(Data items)
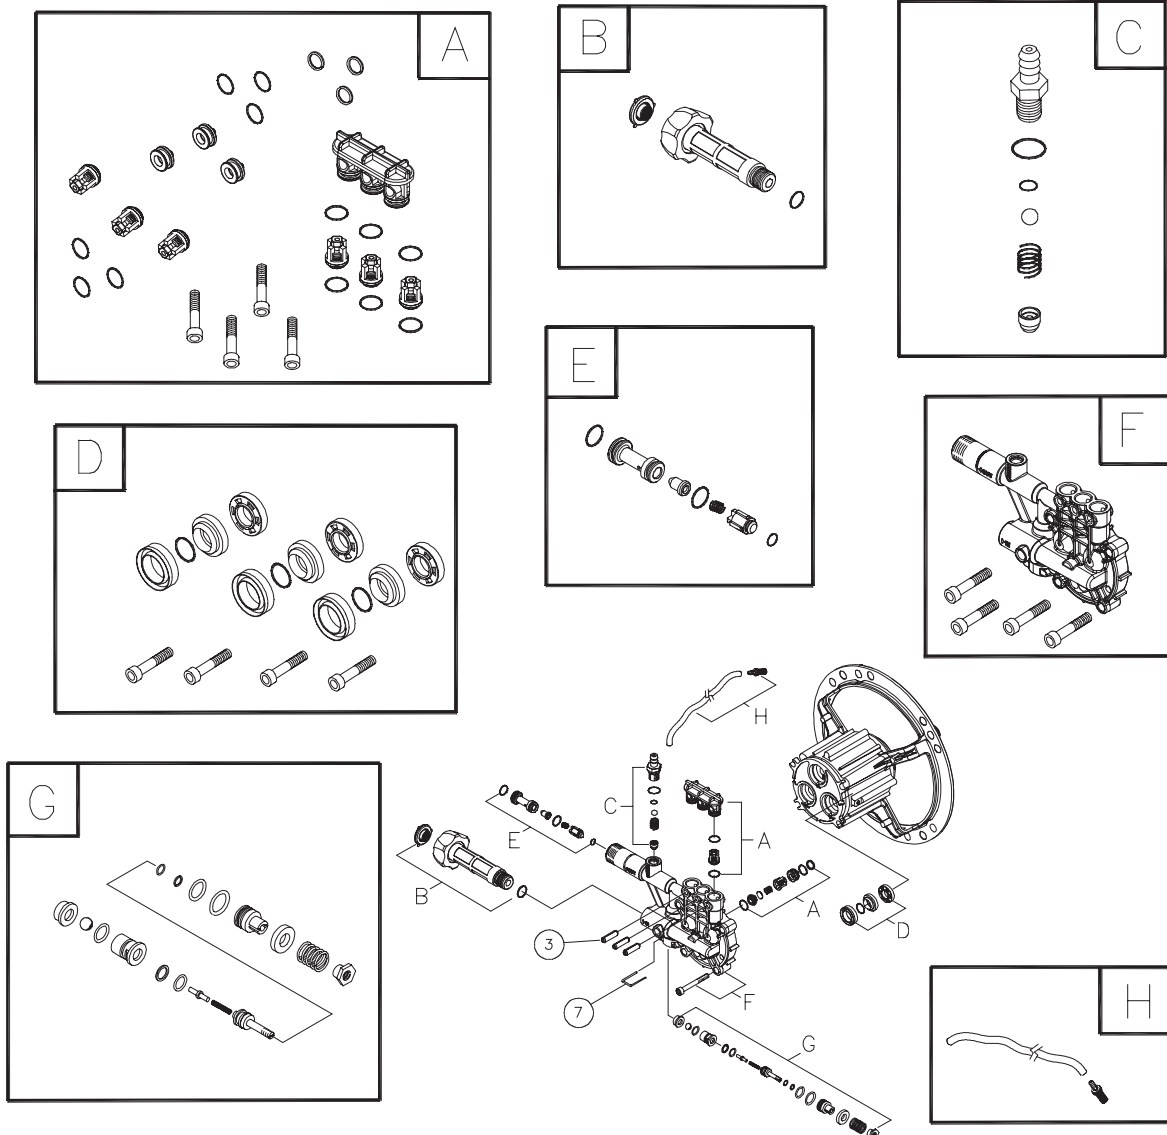

Exploded View and Parts list — Main Unit

Item	Part #	Description
1	201769GS	ASSY, Base
2	B199110GS	HANDLE
3	202169GS	KIT, Billboard w/Decals & Clips
	195964GS	Clips, Tree
4	192525GS	KIT, Pump Mounting Hardware
5	B2203GS	KIT, Handle Connector
6	200200GS	ASSY, Pump
	23139GS	Key
	194298GS	Valve, Thermal Relief
7	196439GS	KIT, Wheel
	195454GS	Axle
	192050GS	E-Ring
8	B2335GS	WAND, Turbo
9	196535GS	BRUSH, Rotating
10	196534GS	BRUSH, Utility
11	196006GS	HOSE
12	193482GS	GUN
13	B1236CGS	ORFICE
14	198974GS	ASSY, Wand
15	192310GS	KIT, Vibration Mount
900	§	ENGINE

Items Not Illustrated

203781GS	MANUAL, Operator's
194256GS	KIT, Hang Tag, Warning
275034	DECAL, Warning
790984	ASSY, Shroud/Label
201948GS	DECAL, Shroud
BB3061BGS	OIL BOTTLE
87815GS	GOGGLES

Optional Accessories

Exploded View and Parts List — Pump

Item	Part #	Description
3	200274GS	PLUG, Elastic
7	190578GS	PIN
A	200298GS	KIT, CHECK VALVES
B	200278GS	KIT, WATER INLET
C	200279GS	KIT, CHEMICAL INJECTION
D	200280GS	KIT, HIGH PRESSURE SEALS
E	200281GS	KIT, CHEM INJECT VENTURI
F	200282GS	KIT, PUMP HEAD, ALUM
G	200283GS	KIT, BY-PASS
H	189971GS	KIT, CHEMICAL HOSE

Optional Accessories	
B2384GS	FILTER, Inlet
186452GS	FILTER, Inlet, Bag of 10
6048	KIT, O-Ring Maintenance
6039	PUMP SAVER

NOTE: Item letters A - H are service kits and include all parts shown within the box.
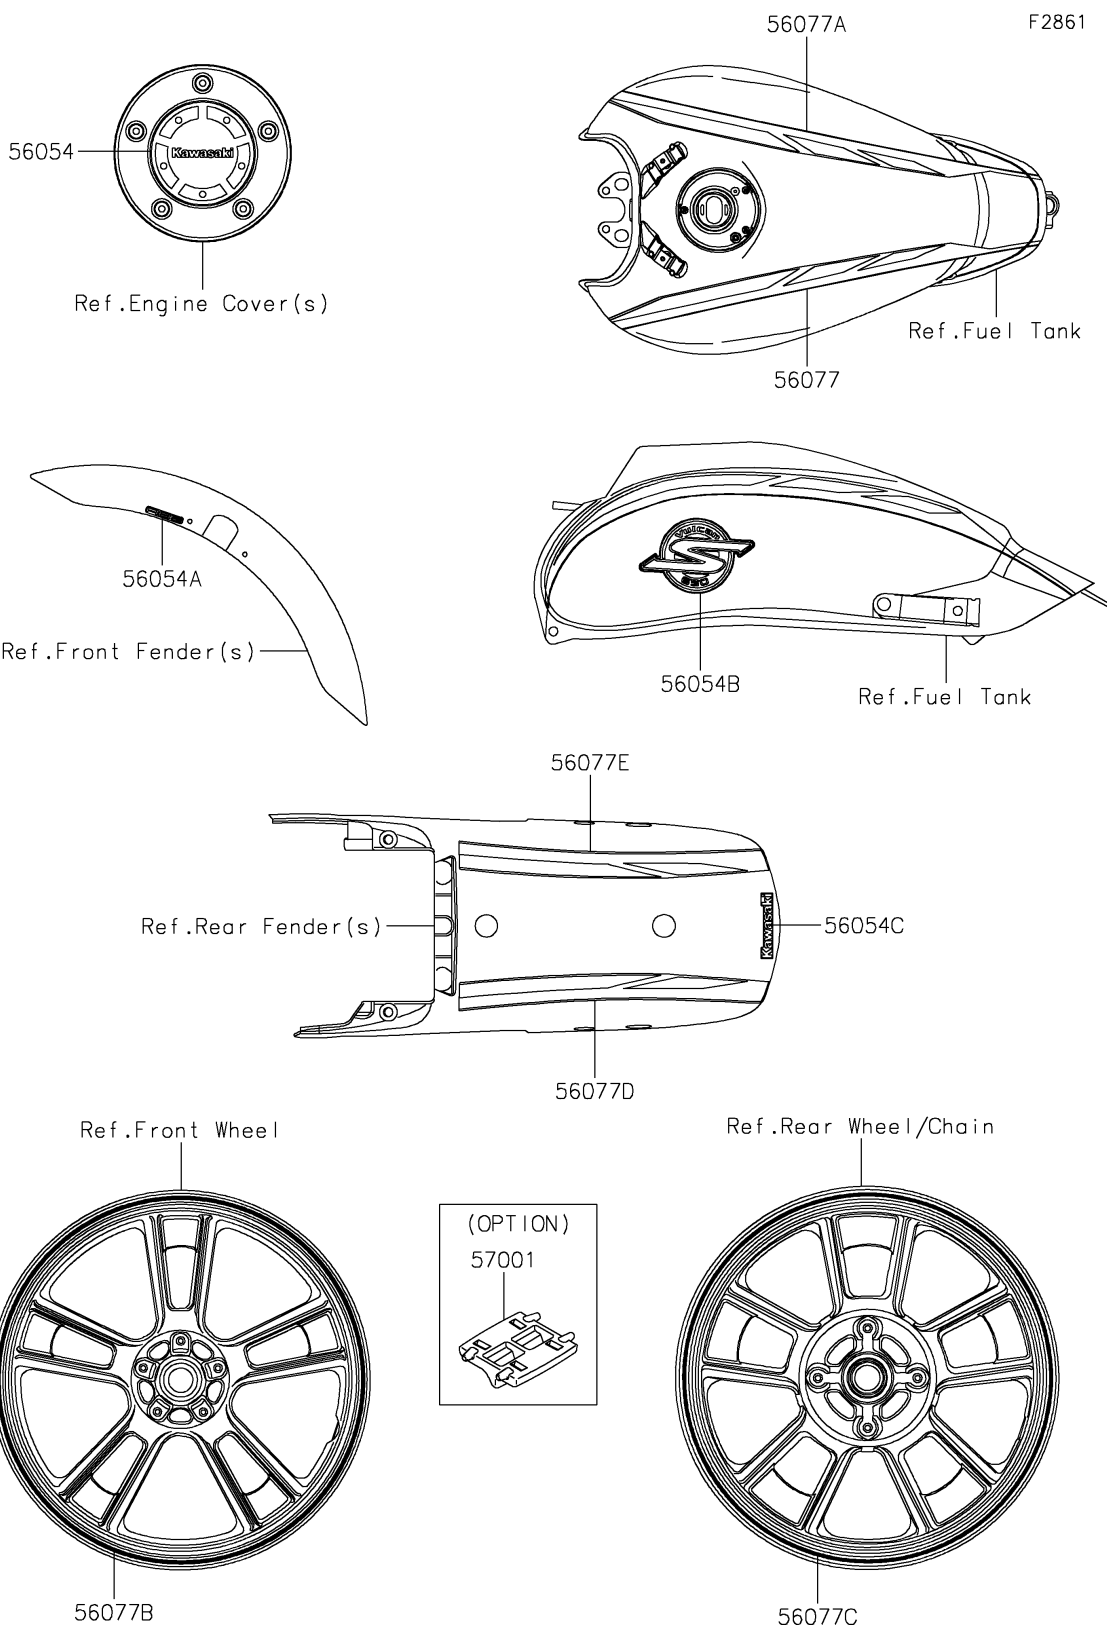

2025 Vulcan S CAFÉ

Kawasaki

Let the Good Times Roll®

PARTS DIAGRAM

Decals(ERFNN/ERFNL)

2025 Vulcan S CAFÉ

PARTS LIST

Decals(ERFNN/ERFNL)

ITEM NAME

PART NUMBER

QUANTITY

→ **Requirement**:
What is needed is an exact copy of all the records, minus any pictures.

→ **Solution to this problem**:
Exploded View and Parts list — Main Unit

Item	Part #	Description
1	201769GS	ASSY, Base
2	B199110GS	HANDLE
3	202169GS	KIT, Billboard w/Decals & Clips
	195964GS	Clips, Tree
4	192525GS	KIT, Pump Mounting Hardware
5	B2203GS	KIT, Handle Connector
6	200200GS	ASSY, Pump
	23139GS	Key
	194298GS	Valve, Thermal Relief
7	196439GS	KIT, Wheel
	195454GS	Axle
	192050GS	E-Ring
8	B2335GS	WAND, Turbo
9	196535GS	BRUSH, Rotating
10	196534GS	BRUSH, Utility
11	196006GS	HOSE
12	193482GS	GUN
13	B1236CGS	ORFICE
14	198974GS	ASSY, Wand
15	192310GS	KIT, Vibration Mount
900	§	ENGINE

Items Not Illustrated

203781GS	MANUAL, Operator's
194256GS	KIT, Hang Tag, Warning
275034	DECAL, Warning
790984	ASSY, Shroud/Label
201948GS	DECAL, Shroud
BB3061BGS	OIL BOTTLE
87815GS	GOGGLES

Optional Accessories

Exploded View and Parts List — Pump

Item	Part #	Description
3	200274GS	PLUG, Elastic
7	190578GS	PIN
A	200298GS	KIT, CHECK VALVES
B	200278GS	KIT, WATER INLET
C	200279GS	KIT, CHEMICAL INJECTION
D	200280GS	KIT, HIGH PRESSURE SEALS
E	200281GS	KIT, CHEM INJECT VENTURI
F	200282GS	KIT, PUMP HEAD, ALUM
G	200283GS	KIT, BY-PASS
H	189971GS	KIT, CHEMICAL HOSE

Optional Accessories	
B2384GS	FILTER, Inlet
186452GS	FILTER, Inlet, Bag of 10
6048	KIT, O-Ring Maintenance
6039	PUMP SAVER

NOTE: Item letters A - H are service kits and include all parts shown within the box.

2025 Vulcan S CAFÉ

Kawasaki

Let the Good Times Roll®

PARTS DIAGRAM

Decals(ERFNN/ERFNL)

2025 Vulcan S CAFÉ

PARTS LIST

Decals(ERFNN/ERFNL)

ITEM NAME

PART NUMBER

QUANTITY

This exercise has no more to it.